Some lessons Goral learned the hard way, such as securing sponsorship. “We had a potential sponsor who wanted to sponsor a mini-series of Fastrak late models one year,” Goral recalled. “He had already sponsored a lot of race cars in that class. I talked over the phone with this sponsor, and we agreed over the phone to $15,000 because I needed $3,000 per night for five late model shows. The sponsor agreed, and like most racing people, I was pretty confident we had a deal.”

Goral continued to host the Fastrak late models, but this sponsor never ante’d up the dough. “I’d place phone calls to him and invoices were mailed out, but we never once got a check cut nor would he return any phone calls,” Goral said. “We kept up our end of the deal and ran the races, but we got burnt on that one badly.”

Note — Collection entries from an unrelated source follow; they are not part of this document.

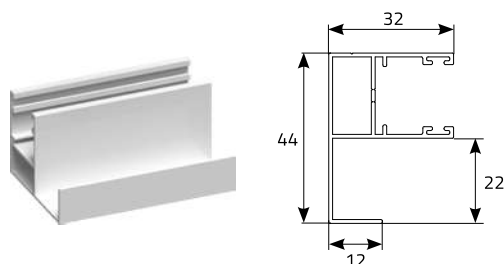

prowadnica z odsadzeniem (opcja za dopłatą)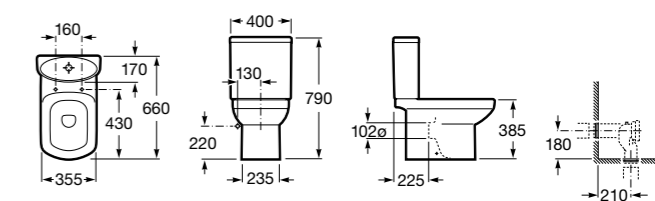

Размеры в мм

Dama Retro

342321001	Чаша унитаза с вертикальным выпуском. Включен установочный комплект.
342320001	Чаша унитаза с горизонтальным выпуском. Включен установочный комплект.
341325000	Бачок с механизмом двойного смыва 6/3 литра с нижним подводом воды. Включен установочный комплект, механизм для подвода воды и механизм смыва.
801327004	Сиденье и крышка со съемными креплениями.
V0007800R	Манжет прямой.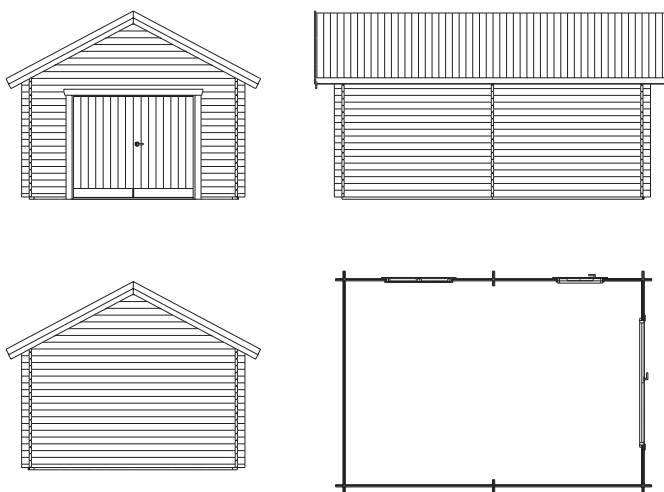

Högliden attefallsgarage 25 m²

Högliden är ett välutrustat enkelgarage med port, dörr, fönster och den genuina stugkänsla som kännetecknar Basecos attefallshus. Högliden har också samma stora flexibilitet. Om du själv vill bestämma placering av fönster och dörrar levererar vi stugan utan förkapade öppningar. Tack vare att vi har många tillval- och tillbehörspaket kan du göra garaget ännu mer till ditt eget. Till exempel kan du välja att isolera vilket gör garaget härligt att vistas i året runt. Taket utgörs av en slätspontpanel som är ändspontad och möbeltorr vilket ger en god formstabilitet och enkel montering. Högliden levereras obehandlad och tillverkas av den senvuxna lappländska furan som garanterar hög kvalitet.

Inget bygglov behövs då det är 25 m² och faller inom attefallsregler.

Goral and Company decided to call it quits after the 2011 season. “Of the two main reasons we left, one was money,” Goral said. “I had asked Kewaunee County for a $200 per night reduction in our rent. They flat out refused, with basically no negotiations whatsoever.”

The other factor came as Goral and Dorner were taking laps around the track one day after the 2011 season. “The county was in the process of moving the pit area from turns three and four to behind corners one and two,” Goral said. “The place was all tore up when we were driving around the track. Bobby and I got talking. I think it was Bobby who said something like, ‘Do we really want to go through with this another year?’ We would have had to move the pits and our pit concession stand and everything else. We decided right then and there that we were done. We’d had enough.”

The venture was profitable some years, other years not so much. “That last year, we had actually had our biggest crowd ever. It was for a trailer race of destruction,” Goral said. “We had 2,600 people there. It was nights like that you needed to make up for the nights you lost money. We always seemed to lose money in August when car counts drop and football started up again. I can see now why (former Luxemburg track promoter) Kelly Hafeman wrapped things up around Labor Day weekend when he did.”

Goral said he’d most certainly tweak some things if he had to do it all over again. “I guess I’d focus more on the weekly program and have fewer big money specials,” Goral said. “I remember paying out $1,500-to-win IMCA stock car specials and getting like four or five new drivers show up. That’d be it. That extra money most nights doesn’t put more people in the stands. And the fall specials these tracks have, those are overdone, too. I wouldn’t do that, either. That’s too much financial risk.”

Promoting races took a toll on Goral’s health in the end. “Since I’ve gotten out of race promoting, I’ve had five different surgeries,” Goral said, noting ailments including a hip replacement, heart surgery, and liver cancer. “I don’t regret at all promoting the track all those years as it was fun overall. But financially looking back, it didn’t make sense to keep doing it. And these days I would not want to be a race promoter. They are much different times these days.”